MF: I mostly take care of it myself. I keep my phone in my athletic trainer’s medical kit. If I ever run off the field, or if there’s a water break, I can pull it up really quickly. She lets me be responsible for my own stuff. If I need her to hold my phone on the sideline and check, she will, but most of the time I’m fairly confident of my glucose levels. She also carries a regular glucose meter in her kit, just in case something seems off with the CGM.

There’s actually another diabetic on the team with me. She helped me embrace being diabetic. I still hid it a little bit, because I didn’t want anyone to think that I wasn’t capable. We check on each other throughout the day and the game.

DD: Tell me about your worst blood sugar nightmare on the pitch.

MF: I’ve had a few! In college, I had one in an intense practice. I had just gone to the endo the day before to adjust my basal rates, so usually the next day means getting used to it.

Our coach was explaining this high-intensity drill, and my eyes were all over the place, I was confused, my hands were shaking. I didn’t take myself out. My trainer noticed and said, “you’re not okay.” We checked and my sugar was as low as can be.

I was new to the team and I wasn’t comfortable yet with stepping out real quick to check.

DD: So, does everyone on the team know now?

MF: Everybody knows. I’m loud and proud now. It’s cool because everybody asks questions, and they want to know more, and I love explaining what I go through.

DD: Tell me about your diet on gameday.

MF: I eat what the rest of the team eats, which is usually chicken or salmon with rice and vegetables. But I don’t like to eat much close to a game, so I’ll have the meat but only some of the rice.

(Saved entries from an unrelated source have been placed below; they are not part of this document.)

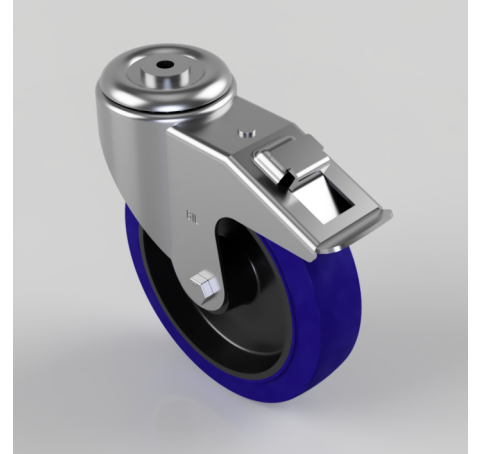

## Blue Elastic Rubber 75ShoreA Bolt Hole Swivel Castor Brake 200mm 350kg

**Product code: BZMM200RNBBH12SWB**

Pressed steel swivel castor with a 12mm bolt hole fitted with a blue 75 shore A elastic rubber tyre on a black nylon centred wheel with roller bearings and total lock brake, Wheel diameter 200mm, tread width 50mm, overall height 235mm, Load capacity 350kg.

Diameter (mm)	200
Castor Type	Swivel with Total Lock Brake
Fixing Option	Bolt Hole
Height (mm)	235
Wheel Material	Rubber on Nylon
Colour / Shore Hardness	Blue Rubber on Nylon Rim / 75 Shore A
Temperature Resistance	-20 °C TO +60 °C
Bearing Type	Roller
Load Capacity (kg)	350
Tread (mm)	50
Swivel Radius (mm)	185
Head Dia (mm)	90
Fork Thickness (mm)	3
To Suit Fixing Bolt (mm)	12
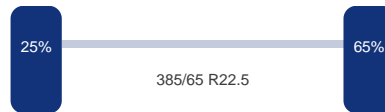

Asconfiguratie

Assen

Aantal assen:	3
---------------	---

As 1

Merk: Ror
Vering: Lucht
Remmen: Remtrommel
Bandenmaat: 385/65 R22.5

As 2

Merk: Ror
Vering: Lucht
Remmen: Remtrommel
Bandenmaat: 385/65 R22.5

As 3

Merk: Ror
Vering: Lucht
Remmen: Remtrommel
Bandenmaat: 385/65 R22.5

Omschrijving

Food tank (inox) 30000 liters, Insulated stainless steel (inox), 1 Compartment, Internal cleaning system (sprinklers), Test pressure 3.0 bar, Max working pressure 2.0 bar, ABS, Air suspension, Ror axles,, Drum brakes, Shipment dimensions 1110x250x330 cm
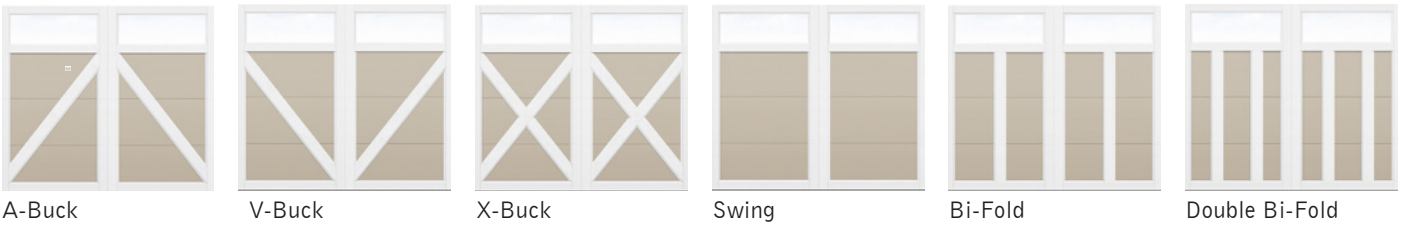

R12 Overlay

1 3/8" Carriage House Polyurethane-Insulated Door

V-Buck • Bronze • White overlays • 4-Pane Arched windows • Clear glass

Overview

- Flush door section with Fibrex® overlay boards for a carriage house appeal
- Overlay boards have beveled edges and mitered corners
- 1 3/8" (R12) section thickness
- 6 panel styles available
- 6 colour options
- 2 overlay board colours
- 16' X 10' max door size

X-Buck • White • White overlays • 3-Over-3 Rectangle windows • Clear glass

Panel Styles

A-Buck

V-Buck

X-Buck

Swing

Bi-Fold

Double Bi-Fold

Colour Options

Almond

Bronze

Brown

Desert Tan

Sandstone

White

Overlay Boards

White

Sandstone

Colours displayed will vary from the actual steel colour. Contact your local Northland dealer for colour sample.

Window Options

One Pane

Three-Over-Three Pane

One-Pane Arched

Three-Over-Three Arched

Some of my teammates love to have a snack before the game, but not me. If I need to have something, I’ll have one or two energy gummies. They’ve got a lot of carbohydrates, but one or two don’t spike my sugar too much.

DD: What’s next for you?

MF: I’m focused on finishing out this year, playing one more year for UTSA next fall, and then I would love to play professionally somewhere overseas or in the United States. I want to do it as long as I can.

My whole family is soccer. Both my parents grew up playing, they met playing soccer in college, me and my two brothers played soccer. I love the grind of it, and I don’t want to give that up.

I’m a psychology major and I’ve also looked into becoming a sports psychologist. I’ve been through four knee surgeries, so with that and the diabetes, there were a lot of tough times both on and off the field. I love talking to people about what I can do to help them, and having worked with a sport psych, I can really see the impact. I’ve also played around with just being a soccer coach. I love the game so much that I don’t think I can leave this sport. Whatever I end up doing next, it will tie into soccer.

DD: Finally, tell me about Dexcom U.

MF: They want me to be a role model. They told me, “You’re gonna be the one helping these young kids who have diabetes and want to be athletes.” Or even teaching coaches and teachers and trainers how to help athletes with type 1. I love that concept. That’s what Dexcom U has become.